I Learned The Value Of An Education In Afghanistan

Education
Students take notes at school in Nejrab district, Kapisa province, Afghanistan March 28. The school educates over 200 children every day in reading, writing, mathematics, art and other classes.
Photo by Sgt. Kyle Wagoner

The Afghan man looked at the paper with a blank look on his face.


“Does he know what that says?” I asked my interpreter.

“No, he cannot read,” he said. “Very few people here can read or even write.”

“You explained it and he understands it though, right?” I said.

“Yes, he said he trusts us,” the interpreter responded.

During my deployment to Afghanistan, the company I was attached to was looking to implement a small project. There were several local contractors in the area and they were all jockeying to do this job and get paid. I thought it would be a good idea to have a contract with the contractor, so I composed a simple one that said how much he would be paid, when he would be paid, and when we expected the work to be done.

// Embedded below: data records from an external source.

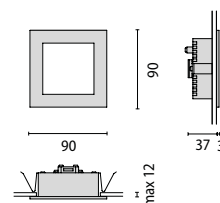

LAMPHOLDER	COLOUR CLASS	COS φ	CODE	NOTES
FASSUNG W	ILCOS FARBE KLASSE	≥ 0,9 EEI	BESTELLN.R.	BEMERKNG. EURO

PULSAR 90 FRAME

Power LED/Power-LED	ILCOS FARBE KLASSE	KELVIN	CODE
1 led 1,2w	GR3+WHL III	3200	302171
1 led 1,2w	GR3+WHL III	6500	300685
1 led 1,2w	GR3+BLL III		300686

n. 1 led
350mA 1,2W

77 x 77 mm

PACKAGE SIZE / VERPACKUNGSMAßE

16 x 26 x 26 cm
(master x 10)

If information about Kelvin degrees is provided, this means that the lamp is included.
Bei Angabe der Grad in Kelvin ist die Lampe eingeschlossen.

PULSAR 90 TECH
26 x 34 x 34 cm
(master x 10)

PULSAR 240 TECH
12 x 32 x 40 cm
(master x 3)

GR1+WHL
GREY+WHITE LED
GRAU+WEISS LED

GR1+BLL
GREY+BLUE LED
GRAU+BLAUE LED

It could have said anything in the world other than what the project was about, because as I found out, he couldn’t read.

Related: Everything I really need to know I learned from Afghan security forces »

In America, I would never sign something if I didn’t know what it said. I’m as guilty as the next person for not pouring over every last word on a contract or the terms of use in an app that I download, but I’ll at least skim it over and if anything sticks out I’ll ask a question and clarify it.

In Afghanistan, a lot of people don’t have that ability. According to the CIA World Factbook, only 28% of the adult population is literate. Last spring, the BBC reported that in 2001 only 21% of children in the country were enrolled in school; this did not include girls, who were not allowed to attend school. Since then, much progress has been made for sure, but it doesn’t mean the problem of thousands, if not millions of children, without a formal education has gone away. Decades of fighting and unrest in Afghanistan have resulted in systemic governance problems for the country, but the untold number of people without a basic education will cause headaches for years if not decades to come in that country.

I went to a good school from first grade all the way through high school that my parents paid good money for me to go to. I graduated toward the bottom of the class and not because my classmates were smarter than me — although looking back, there were some very bright people in my class — or because I had a learning disability. I simply had a poor attitude about school. I thought it was wildly unnecessary learning about stuff I didn’t see the importance in. I thought school was the ultimate “check in the box.”  I was a punk for having this attitude and I regret it.

Over 10 years later, I am in college working on my bachelor’s degree. It’s good that I came to college later than my peers. I wasn’t ready after high school and I certainly didn’t have the right attitude. I wouldn’t change the experiences I’ve had either, but if I had gone straight into college out of high school — and hadn’t flunked out somehow — my life would have been much different I’m sure.

It was in Afghanistan that I saw what an education can do for people. Being able to read and write — the most basic of education principles — is something I vastly took for granted. With my simple — by Western standards — education, I am head and shoulders above people trying to get ahead in countries like Afghanistan. There are a whole list of reasons why I am better off than a person living in Afghanistan, but having an education is one of the main advantages that I have.